Я проходил мимо киосков, больших магазинов со стеклянными витринами, заглядывал в них, чаще всего без особого интереса, потому что ничего, кроме одежды, магазины не рекомендовали. Только у витрины со скейтбордами я остановился, так, ради интереса. Поскольку я не представляю себя на доске с колесами в роли беспредельного скейтера. Хотя было бы неплохо. Только тогда я бы угробил себя куда раньше, разбился бы в первый же день катания. Куда меньше меня заинтересовали бирочки с ценниками. Никогда бы не подумал, что доска на четырех колесах может стоить, как машина.
И еще в другой витрине меня привлек один манекен в дорогущем костюме. Он стоял за стеклом и улыбался. Во-обще-то я ненавижу манекены: они все на одно лицо, и все выглядят, как зомби — глаза неживые, сами застыли в какой-то нелепой позе.
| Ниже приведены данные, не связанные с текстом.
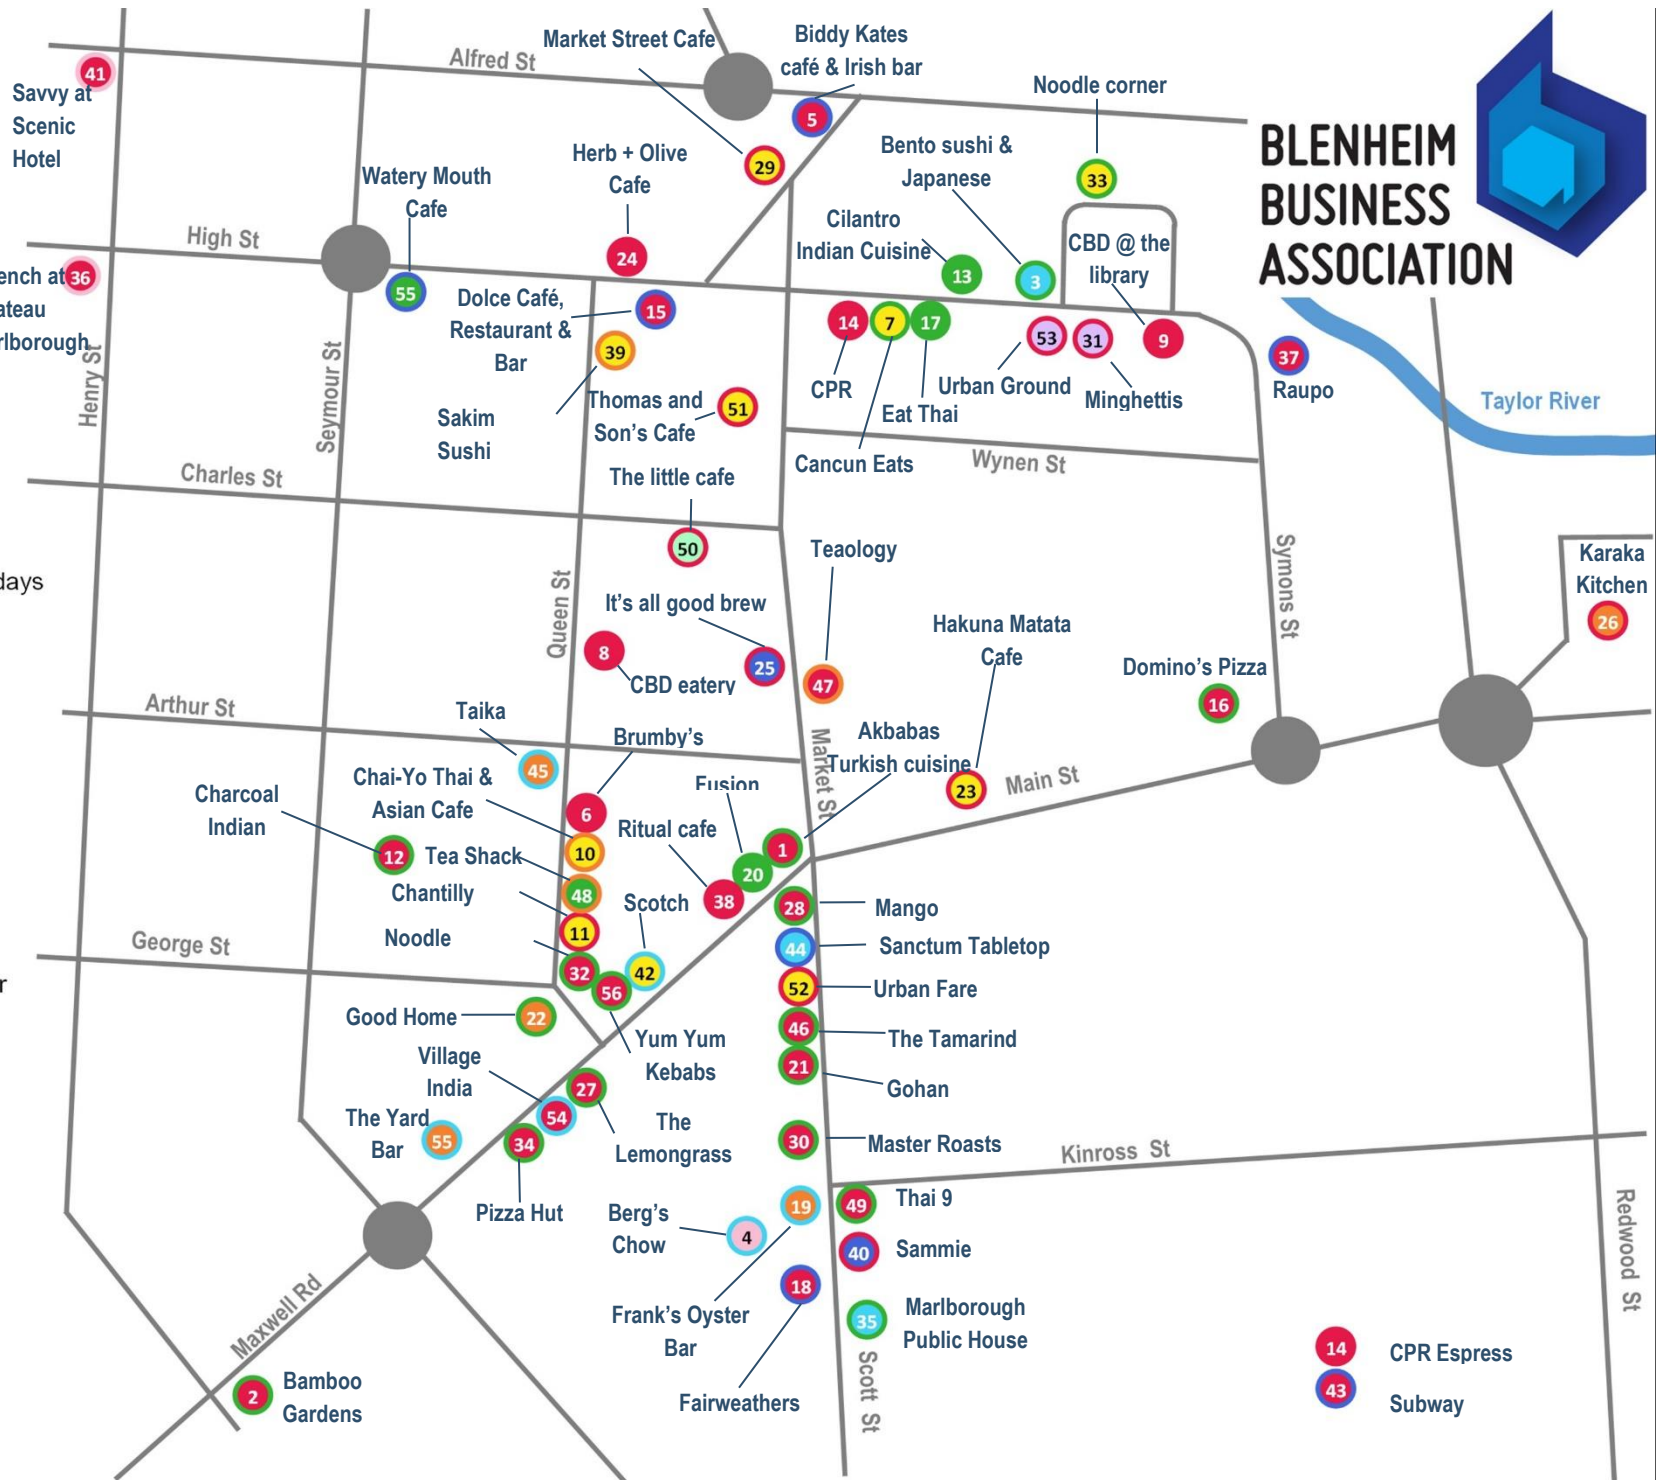

Blenheim CBD Eateries opening hours

1. Open 7 Days
   - Closed Sundays & Mondays
   - Closed Sundays
   - Closed Mondays
   - Closed Tuesdays
   - Closed Weekends
   - Closed Sundays, Mondays & Tuesdays
   - Closed Weekends & Mondays
   - Closed Weekends, Mondays & Tuesdays
3. Open for Breakfast & Lunch
   - Open for Lunch
   - Open for Lunch & Dinner
   - Open for Dinner
   - Open for Breakfast, Lunch & Dinner
   - Open for Breakfast & Dinner

BLENHEIM BUSINESS ASSOCIATION
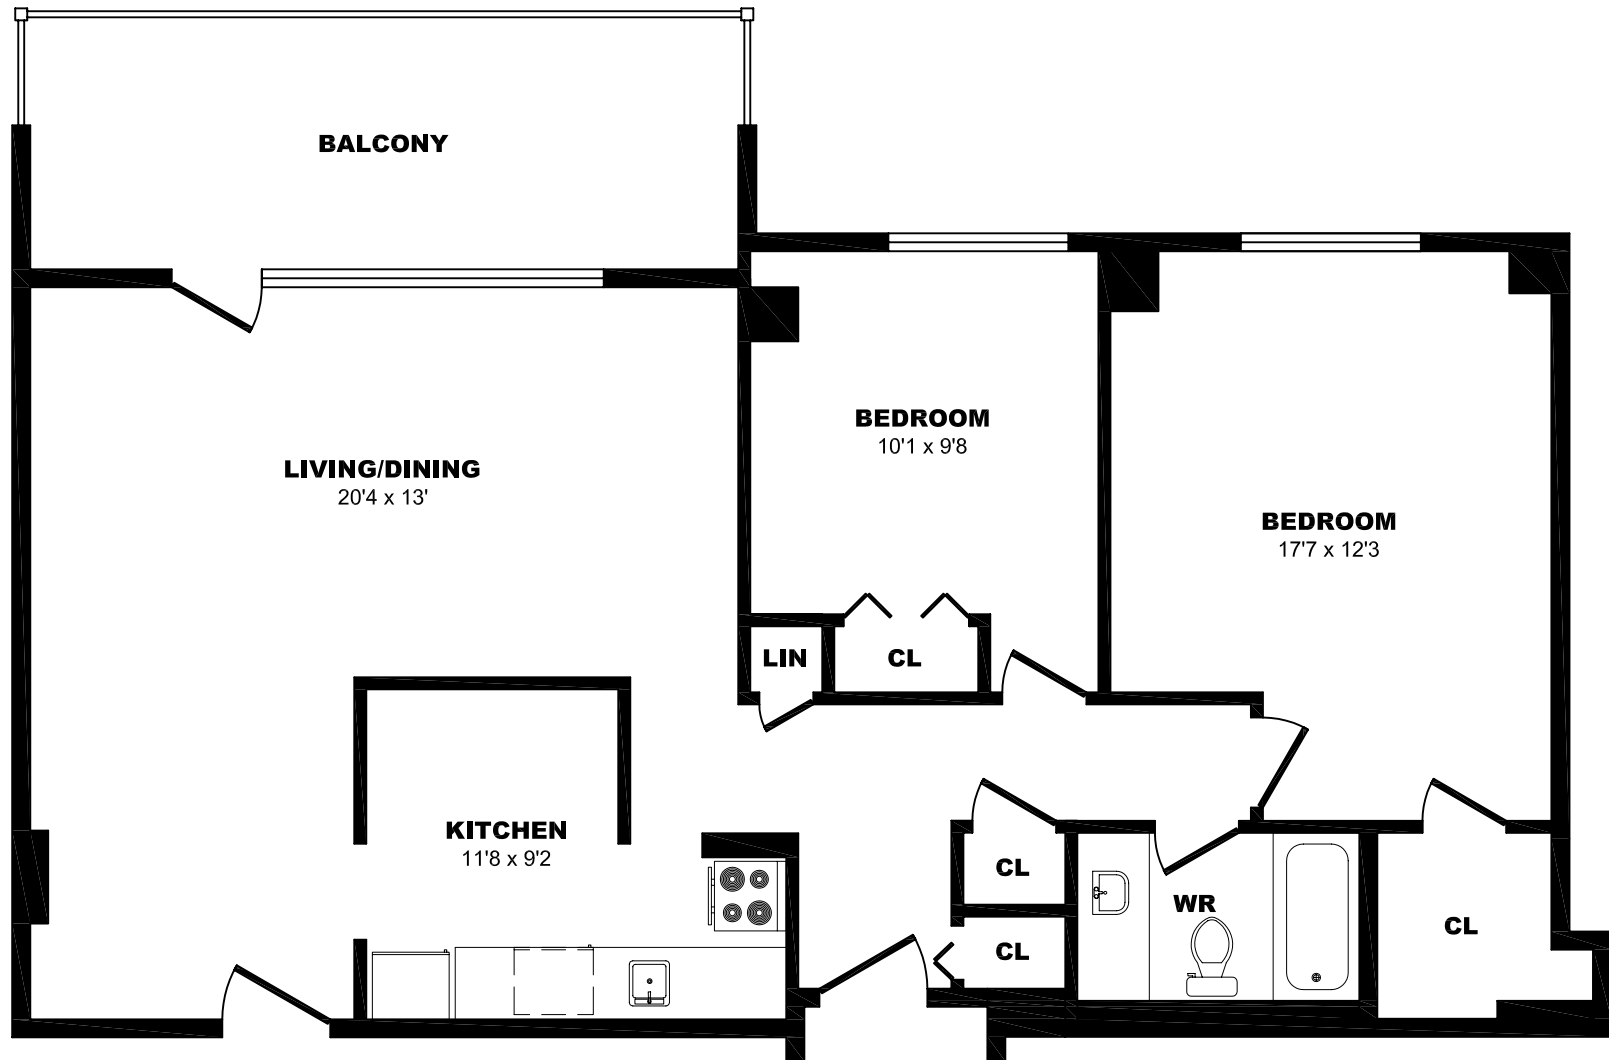

44 Stubbs Dr, North York - 1 Bdrm A, 970sf

All dimensions are approximate. Sizes and specifications are subject to change without notice E. & O. E. All illustrations are artist's concept. Actual usable floor space may vary slightly from stated floor area.

44 Stubbs Dr, North York - 1 Bdrm B, 1440sf

All dimensions are approximate. Sizes and specifications are subject to change without notice E. & O. E.
All illustrations are artist's concept. Actual usable floor space may vary slightly from stated floor area.

44 Stubbs Dr, North York – 1 Bdrm, 990sf

All dimensions are approximate. Sizes and specifications are subject to change without notice E. & O. E.
All illustrations are artist's concept. Actual usable floor space may vary slightly from stated floor area.

Одно слово — трупы. Что-то вроде меня. Но этот был как будто ручной работы. Смотрел он ясно и осмысленно, как живой человек, стоял, облокотившись на стену, вполне естественно, глаза у него были так искусно сделаны, что и придраться было ни к чему. На голове у манекена был парик из непослушных светлых волос, до ужаса натуральных. Я сперва подумал, будто это настоящий человек, но, постояв минуту перед ним, неподвижным, как камень, понял, что это не так. Я засмеялся, посмотрел на него еще раз и пошел дальше.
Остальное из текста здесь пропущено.